The reaction is: $CH_3-CONH_2 + PCl_5 \rightarrow CH_3CN + POCl_3 + 2HCl$.

(A) The reaction sequence is: $C_4H_7OCl$ $(x)$ $\xrightarrow{NH_3} C_4H_9NO$ (amide) $\xrightarrow{Br_2 + KOH} CH_3-CH_2-CH_2-NH_2$ (propylamine).
This is a Hofmann bromamide degradation reaction,which converts an amide $(R-CONH_2)$ into a primary amine $(R-NH_2)$ with one carbon atom less.
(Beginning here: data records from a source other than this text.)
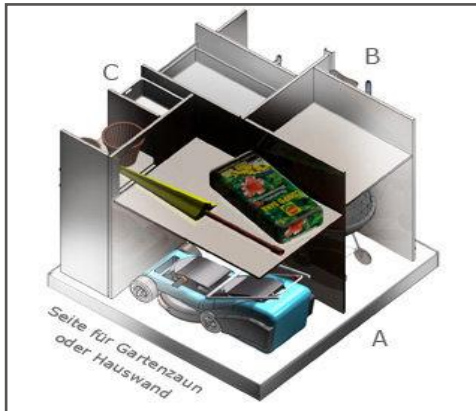

● **Garten[Q]trash - die optimale Mülltonnenlösung!**

Mindestmaße für Garten[Q]trash 2 (für 2-3 Mülltonnen)

Einwurföffnung für Müllsäcke an beiden Seiten möglich

● Garten[Q] Qualitätsmerkmale

- **Begehbar von außen**
somit steht im Inneren 100%
Stauraum zur Verfügung

Since the product is propylamine $(CH_3CH_2CH_2NH_2)$,the amide must be butanamide $(CH_3CH_2CH_2CONH_2)$.
Butanamide is formed by the reaction of butanoyl chloride $(CH_3CH_2CH_2COCl)$ with ammonia $(NH_3)$.
Therefore,compound $x$ is butanoyl chloride.

(A) The boiling point of organic compounds depends on the strength of intermolecular forces.
$CH_3COOH$ (acetic acid) forms stable intermolecular hydrogen-bonded dimers in the liquid phase,which significantly increases its boiling point compared to alcohols,amines,and aldehydes of similar molecular mass.
$CH_3-CH_2-OH$ and $CH_3-CH_2-NH_2$ also exhibit hydrogen bonding,but it is less extensive than the dimer formation in carboxylic acids.
$CH_3-CH_2-CH=O$ (propanal) only has dipole-dipole interactions and lacks hydrogen bonding,resulting in the lowest boiling point among the given options.
Therefore,$CH_3COOH$ has the maximum boiling point.